▶ HOW TO COMPLETE THIS TASK: Reproduce, from the lines below, exactly the stretch that begins at the line containing "2526 - Matteson" and ends at the line containing "Regional Director", both included.

== WORKING DATA

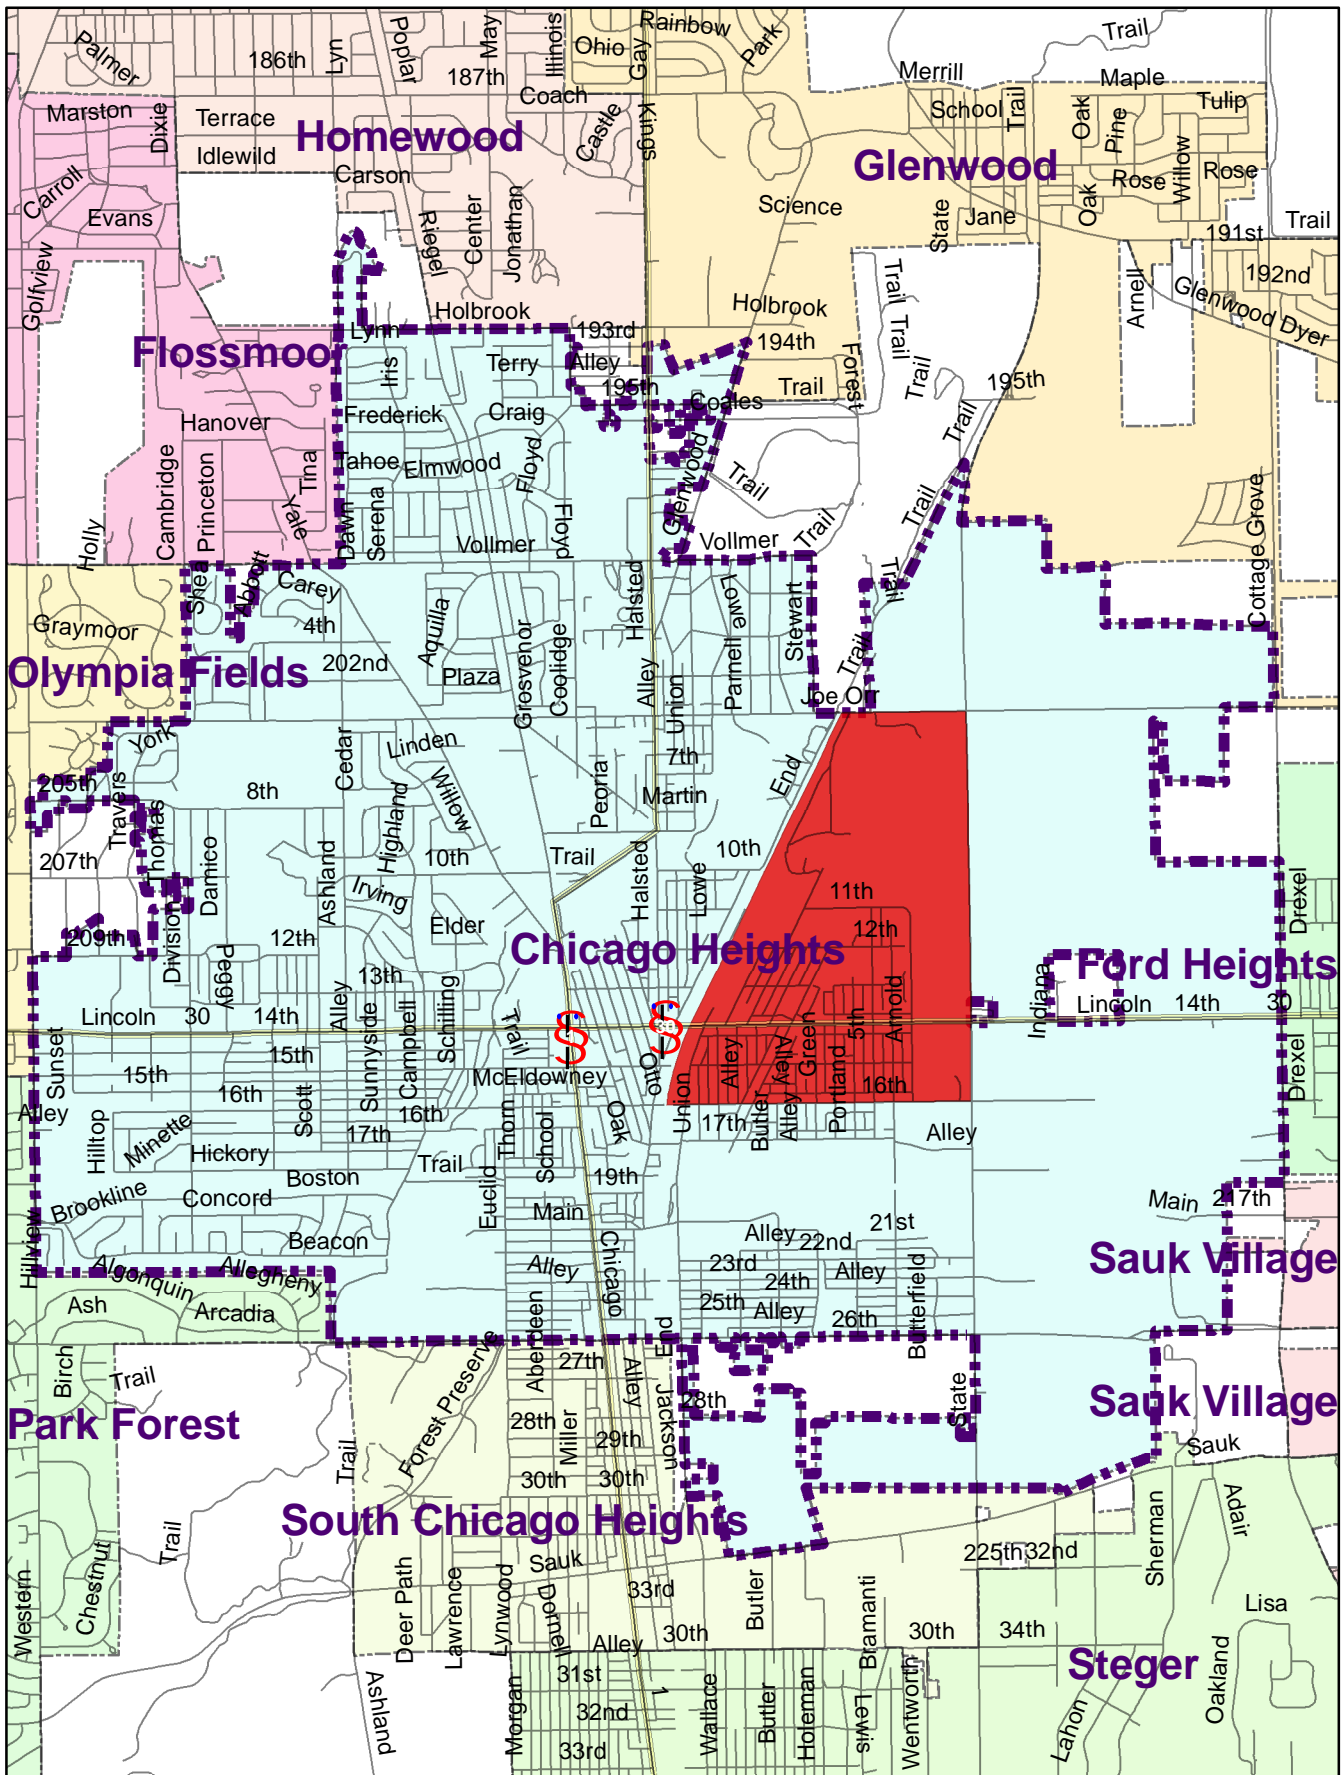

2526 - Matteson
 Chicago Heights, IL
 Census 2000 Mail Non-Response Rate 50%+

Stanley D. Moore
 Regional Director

====
== WORKING DATA

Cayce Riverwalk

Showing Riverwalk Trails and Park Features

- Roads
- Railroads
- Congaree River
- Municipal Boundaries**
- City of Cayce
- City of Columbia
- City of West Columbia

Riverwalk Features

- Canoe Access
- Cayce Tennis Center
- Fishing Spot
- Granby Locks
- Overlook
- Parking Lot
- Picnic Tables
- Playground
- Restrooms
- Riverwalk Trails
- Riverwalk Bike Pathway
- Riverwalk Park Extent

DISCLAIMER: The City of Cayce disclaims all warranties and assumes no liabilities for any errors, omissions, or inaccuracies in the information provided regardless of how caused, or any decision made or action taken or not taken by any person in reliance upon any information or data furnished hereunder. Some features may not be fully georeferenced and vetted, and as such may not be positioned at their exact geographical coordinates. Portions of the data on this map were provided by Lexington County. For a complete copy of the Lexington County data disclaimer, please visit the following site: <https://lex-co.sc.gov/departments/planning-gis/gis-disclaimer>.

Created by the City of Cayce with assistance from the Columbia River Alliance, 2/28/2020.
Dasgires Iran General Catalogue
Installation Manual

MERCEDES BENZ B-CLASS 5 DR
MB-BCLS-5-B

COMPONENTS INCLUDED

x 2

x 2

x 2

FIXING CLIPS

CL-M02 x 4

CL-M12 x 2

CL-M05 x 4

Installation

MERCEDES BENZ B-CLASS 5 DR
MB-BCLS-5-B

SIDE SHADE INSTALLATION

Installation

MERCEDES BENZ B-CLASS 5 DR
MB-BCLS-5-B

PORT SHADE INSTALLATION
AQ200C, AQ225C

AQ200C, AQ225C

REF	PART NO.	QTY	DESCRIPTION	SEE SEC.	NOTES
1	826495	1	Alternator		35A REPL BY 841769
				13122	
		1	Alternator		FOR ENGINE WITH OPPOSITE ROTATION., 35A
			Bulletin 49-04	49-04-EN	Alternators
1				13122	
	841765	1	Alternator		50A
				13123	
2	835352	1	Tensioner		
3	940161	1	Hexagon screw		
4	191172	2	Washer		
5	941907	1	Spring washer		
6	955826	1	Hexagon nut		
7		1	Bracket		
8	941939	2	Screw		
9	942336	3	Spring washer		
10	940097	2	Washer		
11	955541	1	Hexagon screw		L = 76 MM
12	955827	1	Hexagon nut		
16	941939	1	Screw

====
== WORKING DATA

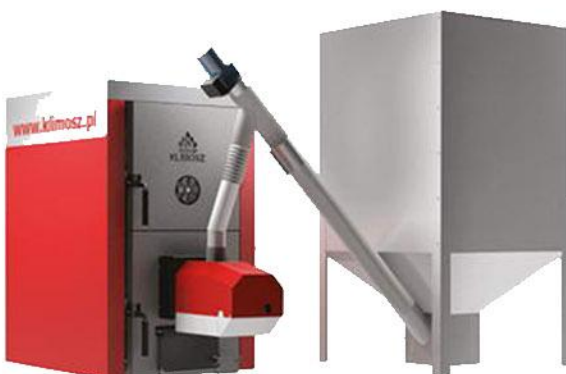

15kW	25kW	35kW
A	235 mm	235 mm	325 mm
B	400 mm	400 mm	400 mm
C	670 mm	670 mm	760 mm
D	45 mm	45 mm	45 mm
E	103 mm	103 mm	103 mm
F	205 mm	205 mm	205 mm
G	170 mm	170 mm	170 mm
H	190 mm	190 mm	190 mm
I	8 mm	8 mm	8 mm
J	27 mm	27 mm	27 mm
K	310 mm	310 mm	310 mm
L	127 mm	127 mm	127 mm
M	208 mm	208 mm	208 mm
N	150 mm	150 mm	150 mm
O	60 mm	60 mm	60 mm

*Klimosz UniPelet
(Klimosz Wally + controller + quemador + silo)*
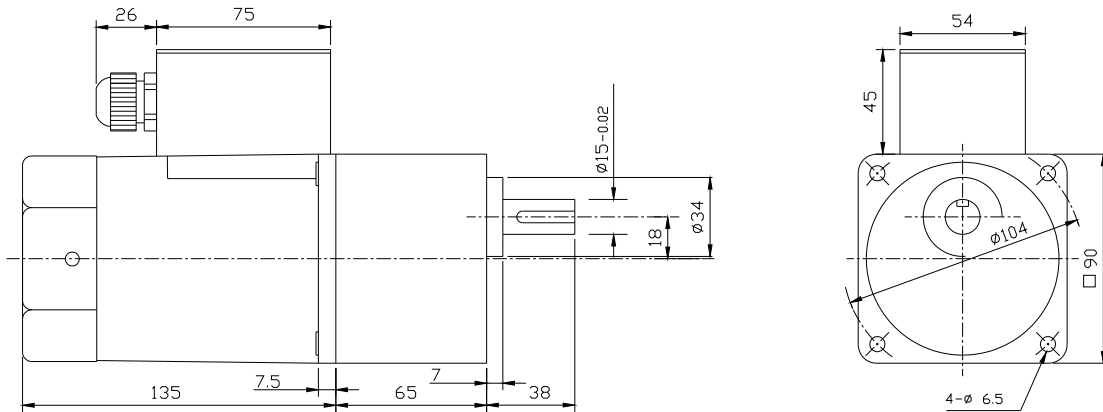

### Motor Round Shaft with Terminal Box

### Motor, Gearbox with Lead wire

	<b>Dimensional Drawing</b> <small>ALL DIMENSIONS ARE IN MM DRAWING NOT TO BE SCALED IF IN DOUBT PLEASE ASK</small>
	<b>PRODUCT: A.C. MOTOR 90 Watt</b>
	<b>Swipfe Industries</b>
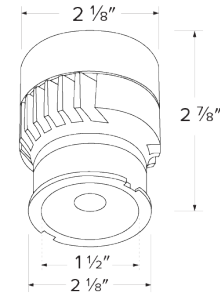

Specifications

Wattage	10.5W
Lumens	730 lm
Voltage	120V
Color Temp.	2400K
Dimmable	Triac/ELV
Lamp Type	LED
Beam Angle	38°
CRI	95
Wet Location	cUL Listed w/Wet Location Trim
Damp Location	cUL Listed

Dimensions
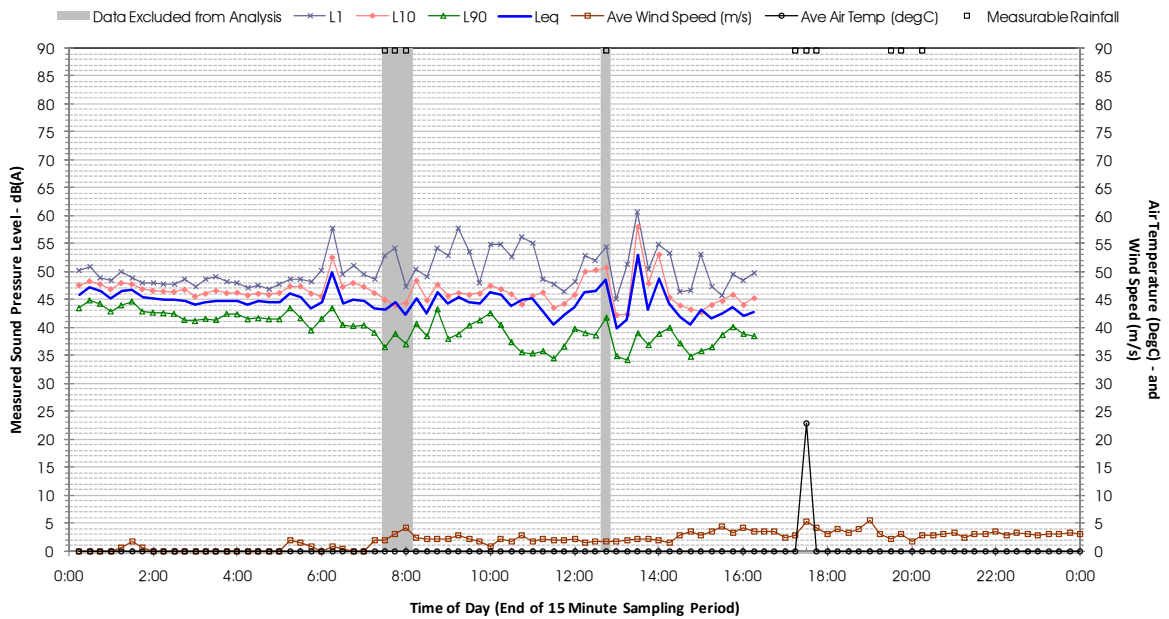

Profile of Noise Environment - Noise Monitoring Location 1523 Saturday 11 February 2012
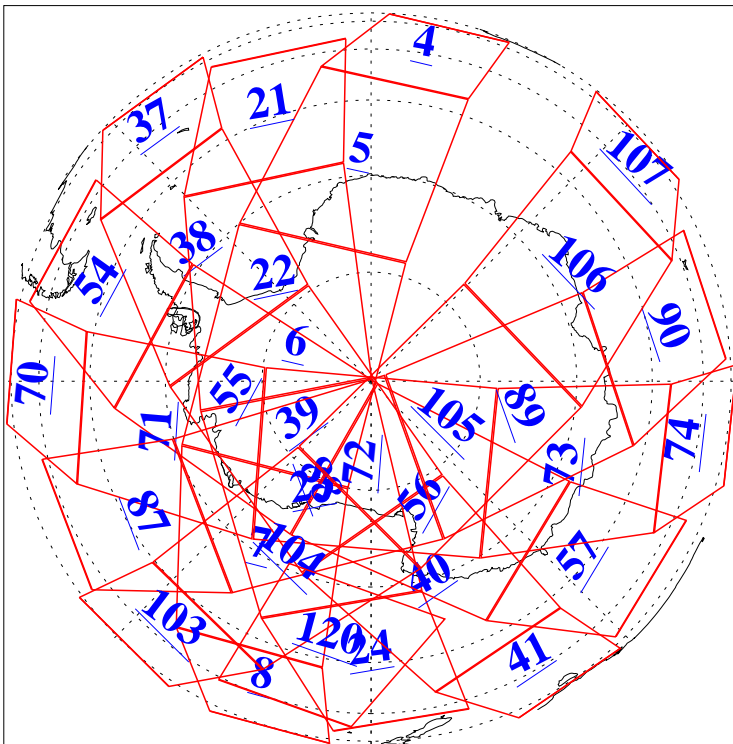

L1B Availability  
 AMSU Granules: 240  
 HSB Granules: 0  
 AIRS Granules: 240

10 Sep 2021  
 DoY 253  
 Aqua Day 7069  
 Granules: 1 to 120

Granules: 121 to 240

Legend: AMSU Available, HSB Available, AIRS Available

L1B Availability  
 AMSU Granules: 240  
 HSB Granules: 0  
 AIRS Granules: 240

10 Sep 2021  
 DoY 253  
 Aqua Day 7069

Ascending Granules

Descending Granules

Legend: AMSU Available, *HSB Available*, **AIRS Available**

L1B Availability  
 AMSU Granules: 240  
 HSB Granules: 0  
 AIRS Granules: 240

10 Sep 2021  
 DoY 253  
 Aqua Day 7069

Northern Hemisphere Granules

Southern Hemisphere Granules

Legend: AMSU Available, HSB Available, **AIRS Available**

====

▶ ANSWER BOX:
2526 - Matteson
 Chicago Heights, IL
 Census 2000 Mail Non-Response Rate 50%+

Stanley D. Moore
 Regional Director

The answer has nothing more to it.